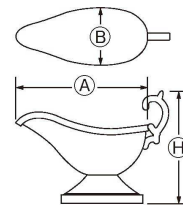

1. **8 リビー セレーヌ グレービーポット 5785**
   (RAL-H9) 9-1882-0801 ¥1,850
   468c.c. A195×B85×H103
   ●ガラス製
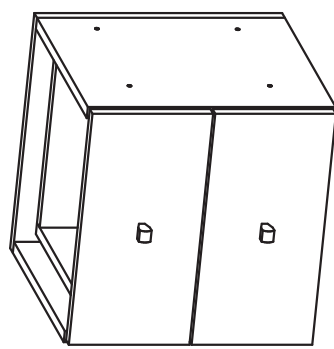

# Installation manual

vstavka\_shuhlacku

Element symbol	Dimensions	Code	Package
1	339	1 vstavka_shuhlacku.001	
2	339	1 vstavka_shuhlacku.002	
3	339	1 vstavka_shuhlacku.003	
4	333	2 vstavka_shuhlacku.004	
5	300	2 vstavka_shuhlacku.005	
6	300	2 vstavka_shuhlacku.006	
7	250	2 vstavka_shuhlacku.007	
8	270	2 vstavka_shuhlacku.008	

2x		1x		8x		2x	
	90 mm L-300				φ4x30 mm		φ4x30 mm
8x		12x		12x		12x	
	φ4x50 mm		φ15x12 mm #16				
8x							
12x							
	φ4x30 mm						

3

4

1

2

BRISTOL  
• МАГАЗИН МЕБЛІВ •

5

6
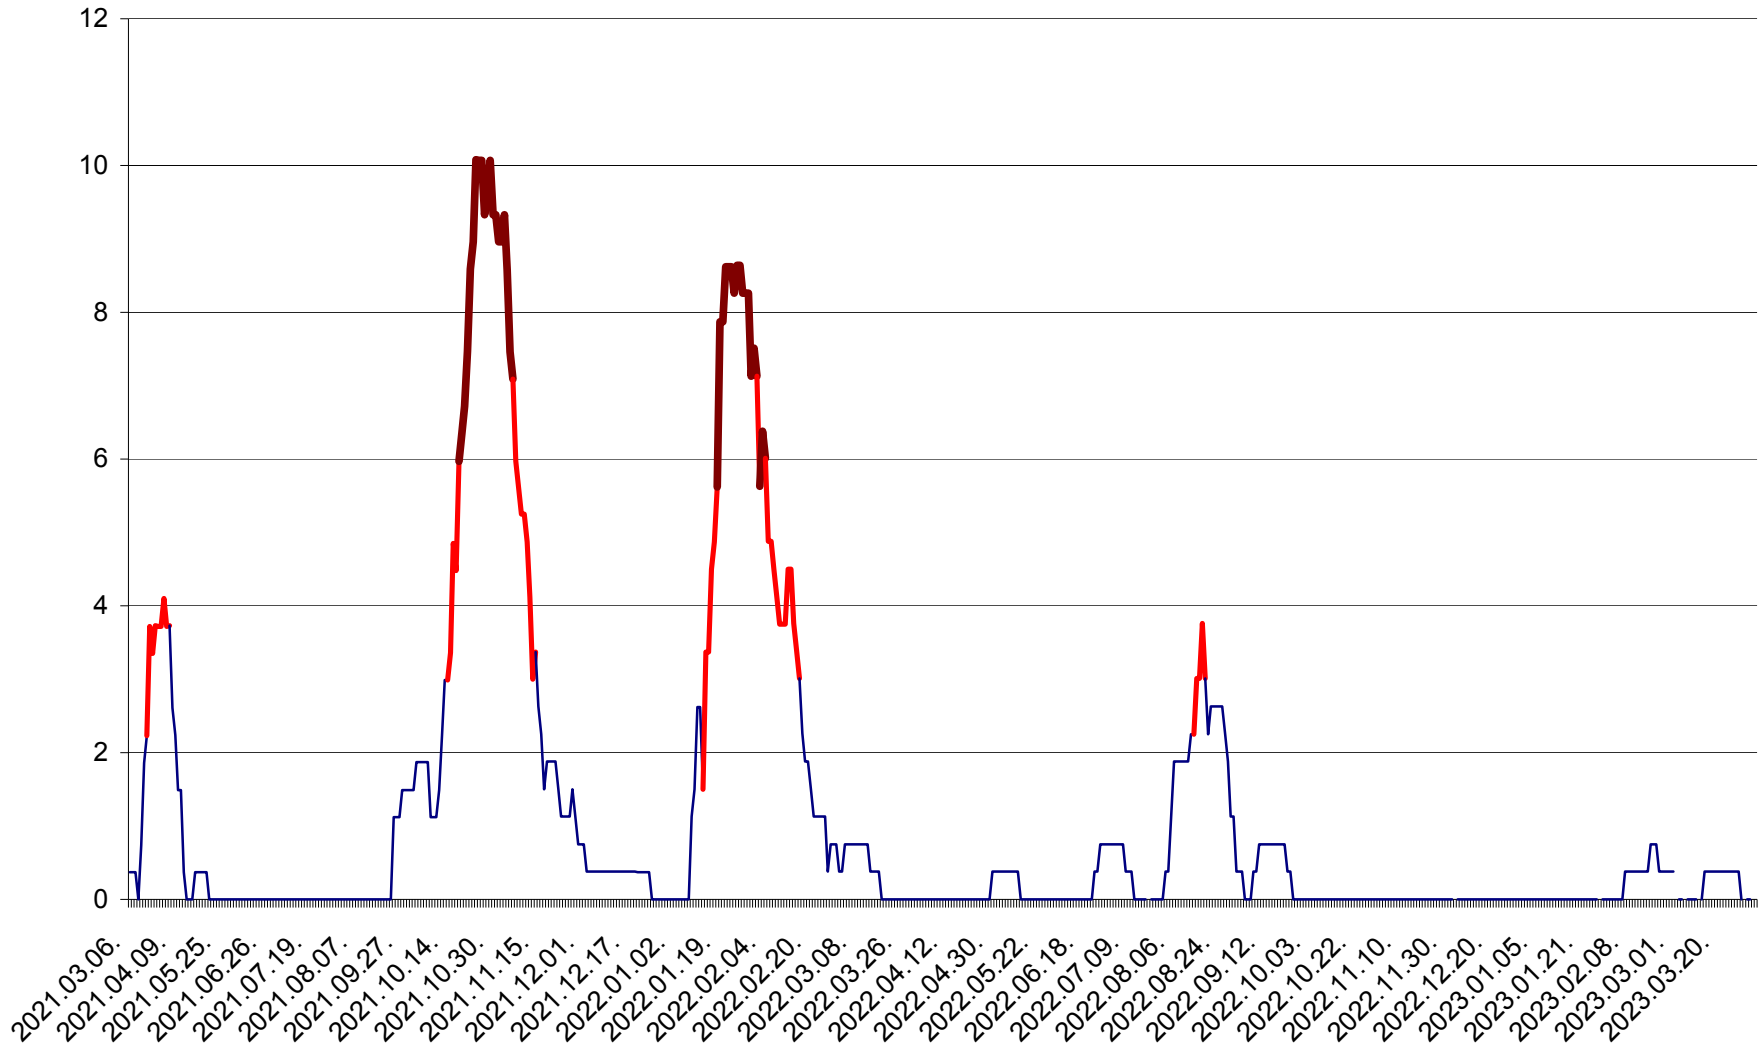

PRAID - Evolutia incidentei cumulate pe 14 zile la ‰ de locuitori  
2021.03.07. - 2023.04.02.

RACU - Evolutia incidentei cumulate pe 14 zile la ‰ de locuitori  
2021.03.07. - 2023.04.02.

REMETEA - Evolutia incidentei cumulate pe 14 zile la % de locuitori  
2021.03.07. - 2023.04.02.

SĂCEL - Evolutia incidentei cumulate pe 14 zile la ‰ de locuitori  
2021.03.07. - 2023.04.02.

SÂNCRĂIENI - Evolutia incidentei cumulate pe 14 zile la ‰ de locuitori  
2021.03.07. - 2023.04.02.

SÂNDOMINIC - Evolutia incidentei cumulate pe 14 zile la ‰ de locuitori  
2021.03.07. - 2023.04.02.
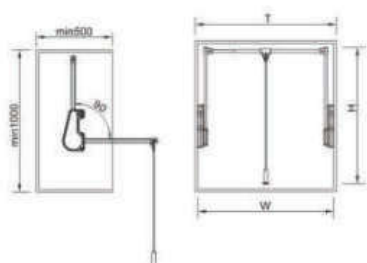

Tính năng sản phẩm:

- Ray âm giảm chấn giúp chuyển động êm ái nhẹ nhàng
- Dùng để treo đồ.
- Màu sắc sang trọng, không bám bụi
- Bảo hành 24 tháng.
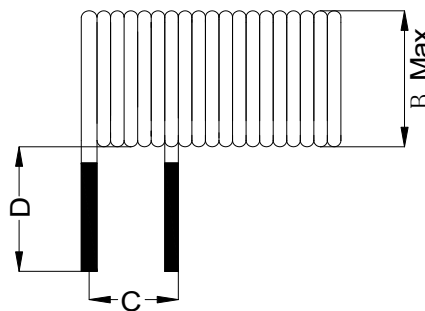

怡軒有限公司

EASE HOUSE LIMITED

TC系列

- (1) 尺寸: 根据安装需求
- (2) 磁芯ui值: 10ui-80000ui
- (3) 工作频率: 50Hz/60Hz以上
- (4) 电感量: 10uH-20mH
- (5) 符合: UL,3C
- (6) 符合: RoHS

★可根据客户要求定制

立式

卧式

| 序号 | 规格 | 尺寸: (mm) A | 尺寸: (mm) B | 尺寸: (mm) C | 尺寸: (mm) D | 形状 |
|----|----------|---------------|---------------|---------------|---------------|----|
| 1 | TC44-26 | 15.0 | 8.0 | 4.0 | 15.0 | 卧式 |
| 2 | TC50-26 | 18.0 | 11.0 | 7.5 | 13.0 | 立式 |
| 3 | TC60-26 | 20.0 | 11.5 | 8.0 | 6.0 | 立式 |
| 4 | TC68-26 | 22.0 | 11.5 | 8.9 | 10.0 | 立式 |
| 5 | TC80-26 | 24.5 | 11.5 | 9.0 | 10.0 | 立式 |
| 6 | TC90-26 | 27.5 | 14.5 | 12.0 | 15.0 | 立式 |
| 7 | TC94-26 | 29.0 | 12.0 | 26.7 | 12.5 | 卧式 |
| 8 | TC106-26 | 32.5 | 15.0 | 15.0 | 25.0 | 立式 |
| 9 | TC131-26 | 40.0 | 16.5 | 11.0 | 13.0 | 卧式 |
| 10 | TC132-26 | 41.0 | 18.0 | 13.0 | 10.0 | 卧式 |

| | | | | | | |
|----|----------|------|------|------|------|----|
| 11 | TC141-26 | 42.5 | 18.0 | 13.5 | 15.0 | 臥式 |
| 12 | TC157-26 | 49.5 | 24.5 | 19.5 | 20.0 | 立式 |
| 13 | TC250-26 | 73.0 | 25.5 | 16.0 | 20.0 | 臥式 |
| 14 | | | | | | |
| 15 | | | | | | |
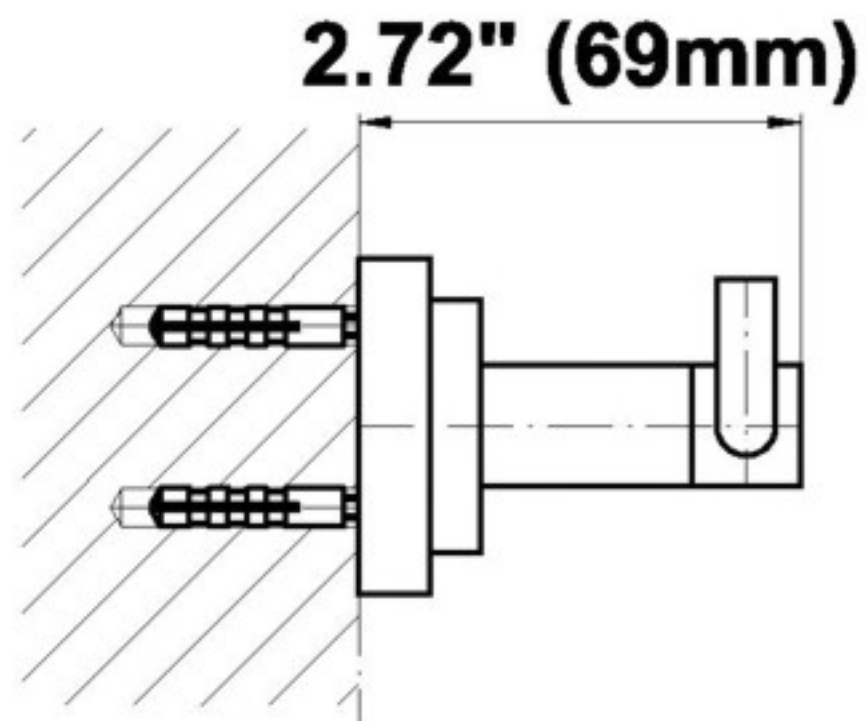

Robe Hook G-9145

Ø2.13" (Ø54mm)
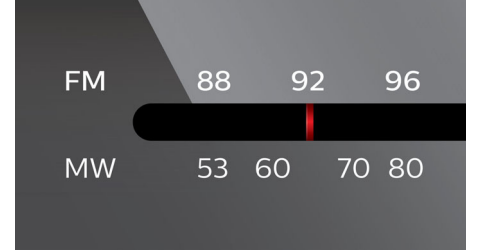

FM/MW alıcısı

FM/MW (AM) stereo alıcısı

**YOUR ASSIGNMENT**
Without the pictures, write out the entire listing exactly.

**ANSWER**
1. **8 リビー セレーヌ グレービーポット 5785**
   (RAL-H9) 9-1882-0801 ¥1,850
   468c.c. A195×B85×H103
   ●ガラス製

# Installation manual

vstavka\_shuhlacku

Element symbol	Dimensions	Code	Package
1	339	1 vstavka_shuhlacku.001	
2	339	1 vstavka_shuhlacku.002	
3	339	1 vstavka_shuhlacku.003	
4	333	2 vstavka_shuhlacku.004	
5	300	2 vstavka_shuhlacku.005	
6	300	2 vstavka_shuhlacku.006	
7	250	2 vstavka_shuhlacku.007	
8	270	2 vstavka_shuhlacku.008	

2x		1x		8x		2x	
	90 mm L-300				φ4x30 mm		φ4x30 mm
8x		12x		12x		12x	
	φ4x50 mm		φ15x12 mm #16				
8x							
12x							
	φ4x30 mm						

3

4

1

2

BRISTOL  
• МАГАЗИН МЕБЛІВ •

5

6

PRAID - Evolutia incidentei cumulate pe 14 zile la ‰ de locuitori  
2021.03.07. - 2023.04.02.

RACU - Evolutia incidentei cumulate pe 14 zile la ‰ de locuitori  
2021.03.07. - 2023.04.02.

REMETEA - Evolutia incidentei cumulate pe 14 zile la % de locuitori  
2021.03.07. - 2023.04.02.

SĂCEL - Evolutia incidentei cumulate pe 14 zile la ‰ de locuitori  
2021.03.07. - 2023.04.02.

SÂNCRĂIENI - Evolutia incidentei cumulate pe 14 zile la ‰ de locuitori  
2021.03.07. - 2023.04.02.

SÂNDOMINIC - Evolutia incidentei cumulate pe 14 zile la ‰ de locuitori  
2021.03.07. - 2023.04.02.

Tính năng sản phẩm:

- Ray âm giảm chấn giúp chuyển động êm ái nhẹ nhàng
- Dùng để treo đồ.
- Màu sắc sang trọng, không bám bụi
- Bảo hành 24 tháng.

怡軒有限公司

EASE HOUSE LIMITED

TC系列

- (1) 尺寸: 根据安装需求
- (2) 磁芯ui值: 10ui-80000ui
- (3) 工作频率: 50Hz/60Hz以上
- (4) 电感量: 10uH-20mH
- (5) 符合: UL,3C
- (6) 符合: RoHS

★可根据客户要求定制

立式

卧式

| 序号 | 规格 | 尺寸: (mm) A | 尺寸: (mm) B | 尺寸: (mm) C | 尺寸: (mm) D | 形状 |
|----|----------|---------------|---------------|---------------|---------------|----|
| 1 | TC44-26 | 15.0 | 8.0 | 4.0 | 15.0 | 卧式 |
| 2 | TC50-26 | 18.0 | 11.0 | 7.5 | 13.0 | 立式 |
| 3 | TC60-26 | 20.0 | 11.5 | 8.0 | 6.0 | 立式 |
| 4 | TC68-26 | 22.0 | 11.5 | 8.9 | 10.0 | 立式 |
| 5 | TC80-26 | 24.5 | 11.5 | 9.0 | 10.0 | 立式 |
| 6 | TC90-26 | 27.5 | 14.5 | 12.0 | 15.0 | 立式 |
| 7 | TC94-26 | 29.0 | 12.0 | 26.7 | 12.5 | 卧式 |
| 8 | TC106-26 | 32.5 | 15.0 | 15.0 | 25.0 | 立式 |
| 9 | TC131-26 | 40.0 | 16.5 | 11.0 | 13.0 | 卧式 |
| 10 | TC132-26 | 41.0 | 18.0 | 13.0 | 10.0 | 卧式 |

| | | | | | | |
|----|----------|------|------|------|------|----|
| 11 | TC141-26 | 42.5 | 18.0 | 13.5 | 15.0 | 臥式 |
| 12 | TC157-26 | 49.5 | 24.5 | 19.5 | 20.0 | 立式 |
| 13 | TC250-26 | 73.0 | 25.5 | 16.0 | 20.0 | 臥式 |
| 14 | | | | | | |
| 15 | | | | | | |

Robe Hook G-9145

Ø2.13" (Ø54mm)

FM/MW alıcısı

FM/MW (AM) stereo alıcısı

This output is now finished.